If the JFA was stung by criticism over its appointment of national team manager Alberto Zaccheroni in August, vindication was not long in coming.

Having won the Asian Cup at the first time of asking, negotiating a series of injury and suspension problems and showcasing his depth of tactical knowhow in the process, the Italian emphatically demonstrated why his employers were prepared to wait so long for the right man to succeed Takeshi Okada after last year’s World Cup.

That search, which lasted two months, tested the patience of many who felt the team was in danger of losing momentum after a second-round finish in South Africa, but the JFA was determined to hire an experienced overseas candidate and did not rest until Zaccheroni put pen to paper.

But if the former Milan manager’s appointment was greeted with a general sense of anticlimax amid speculation that more illustrious names were in the frame, no one is doubting him now.

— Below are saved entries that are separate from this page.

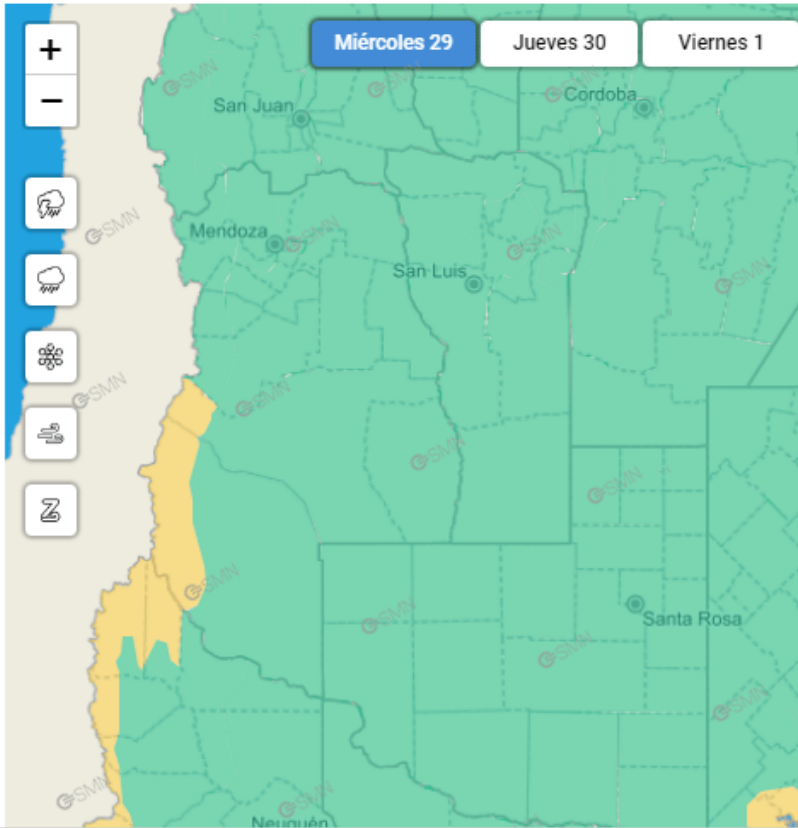

Alerta amarilla por nevadas intensas en Mendoza

El Servicio Meteorológico Nacional emitió **una alerta amarilla** para este miércoles por nevadas intensas en la cordillera mendocina.

Las precipitaciones afectarán **Malargüe y San Rafael**, de acuerdo a lo pronosticado por el organismo.

«El área de cobertura será afectada por nevadas de variada intensidad, pudiendo ser algunas localmente fuertes. **Se esperan valores de nieve acumulada entre 30 y 45 cm de altura**, pudiendo ser superados en forma puntual», indicó el SMN.

De acuerdo con el informe, se prevé que se produzca la reducción de visibilidad por nieve en suspensión, debido a los vientos intensos previstos en la región.

Fecha de emisión: 29/06/2022 05:46h

Fuente: El Sol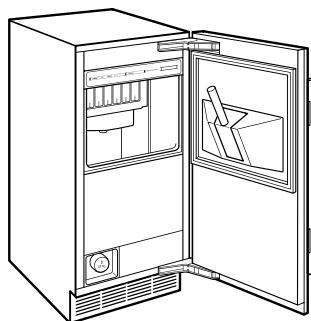

## HANDLE ACCESSORIES

PRO

TUBULAR

**PRODUCT-SPECIFICATIONS**

model	UC-15I
dimensions	14 3/4"W x 33 5/8"H x 23"D
door-clearance	18"
weight	117 lbs
electrical-supply	115 Vca, 60 Hz
electrical-service	circuito dedicado de 15 amperios
receptacle	3-prong grounding-type

**ELECTRICAL**

**PLUMBING**

NOTE: Dimensions in parenthesis are in millimeters unless otherwise specified

**INTERIOR-VIEW**

Esta ilustración es sólo para referencia y no debe representar el exterior del modelo especificado.

**DIMENSIONS**

**STANDARD INSTALLATION**

NOTE: 3 1/2" (89) finished returns will be visible and should be finished to match cabin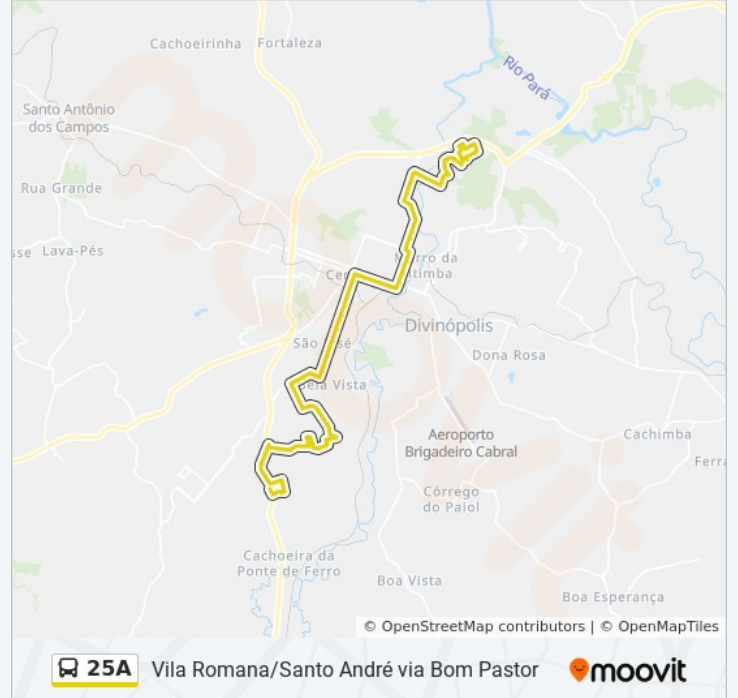

Rua Castro Alves, 1701

Rua Castro Alves, 1435

Rua Castro Alves, 1195

Rua Castro Alves, 993

Rua Castro Alves, 803

Rua Castro Alves, 575

Rua Castro Alves, 375

Rua Espírito Santo, 148

Rua Pernambuco, 1221 | Linhas Urbanas

Rua Pernambuco, 977 | Linhas Urbanas

Rua Pernambuco, 503 | Linhas Urbanas

Rua Pernambuco, 219

Av. Getúlio Vargas, 304 | Linhas Urbanas

Av. Getúlio Vargas, 560 | Linhas Urbanas

Av. Getúlio Vargas, 880 | Linhas Urbanas

Pça. D. Cristiano, 83 | Linhas Urbanas

Av. Jk, 260

Av. Jk, 390

Av. Jk, 1200 | Divishop

Av. Jk, 1730

Av. Jk, 2026

Rua Elisa Pinto Do Amaral, 71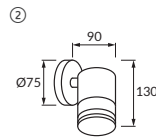

# TARAS

GB: Hermetic fixture / DE: Hermetisches Gehäuse / RU: Герметичный светильник

STRÜHM

① TARAS SPT GU10 INOX

② TARAS WLL GU10 INOX

③ TARAS WLL 2xGU10 INOX

①	01234	ABCDE				
①	03568	TARAS SPT GU10 INOX	max 35 W	matt chrome mattchrom матовый хром	✓	5901477335686
②	03569	TARAS WLL GU10 INOX			×	5901477335693
③	03570	TARAS WLL 2xGU10 INOX	2 x max 35 W			5901477335709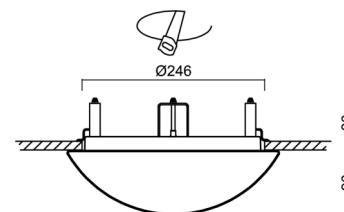

Technisch

Arten von leuchten	Notfall kombiniert
Befestigungsart	Halbeinbauleuchten
Basismaterial	Stahl
Schattenmaterial	dreischichtiges Glas TRIPLEX OPAL
Grundfarbe	Weiß Ral9003
Schattenfarbe	Weiß
Schatten halten	Bajonett
Montageort	Wand / Decke
Breite	300 mm
Länge	300 mm
Höhe	115 mm
Durchmesser	Ø 300 mm
Montageloch	keiner
Kabeldurchgang	2xØ16mm
Energieklasse	D
Schlagfestigkeit	IK01
Betriebstemperatur	von -20°C bis +30°C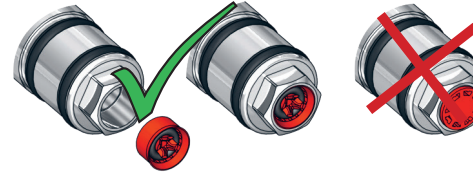

For more water saving possibilities please see:
Weitere Wassersparmöglichkeiten finden Sie auf:
For flere vandbesparende muligheder se venligst:
För mer vattenbesparande möjligheter hänvisas till:
Voor meer waterbesparende mogelijkheden zie:
Pour plus d'informations sur les options : économie d'eau, voir le site:

www.vola.com

Zaccheroni’s substitution of Daiki Iwamasa for Jungo Fujimoto was widely hailed as the moment the tide turned for Japan in Saturday’s final against Australia, but it was not the only call that paid off. Masahiko Inoha came into the side to score the winner in the quarterfinal against Qatar, Hajime Hosogai came off the bench to put Japan ahead against South Korea in the semifinal, and Tadanari Lee capped it all off with his spectacular volley in the final just 11 minutes after coming on for his second international cap.

Just as importantly, Zaccheroni kept faith in the core members of his team despite individual mistakes that threatened to derail the campaign. Goalkeeper Eiji Kawashima’s red card against Syria and dreadful error against Qatar were eclipsed by his semifinal and final heroics, while striker Ryoichi Maeda repaid his manager’s faith with three well-taken goals after some anonymous early performances.

That Lee, who looked well out of his depth in his previous appearance against Jordan, scored the winner against Australia said it all about Zaccheroni’s approach. Here is a manager who does not simply preach the importance of the collective unit, but lives or dies by it.

That was crucial given the huge variety of situations Japan faced throughout the competition. From the wild peaks and troughs against Syria and Qatar to the tense war of attrition against Australia, Zaccheroni needed all his years of Serie A experience to steer a safe path to the title.

Of course not everything went according to plan, and the Italian’s decision to sit back and protect his lead against the Koreans backfired when Hwang Jae Won lashed in a last-minute equalizer.

But with an indomitable spirit such as this Japan team possesses, defeat is never a foregone conclusion. In previous years, glorious failure may well have been the outcome from such knife-edge encounters, but the image of Makoto Hasebe lifting the trophy should serve as a permanent reminder that this is a new era.

For Zaccheroni and the JFA, it could not have started any better.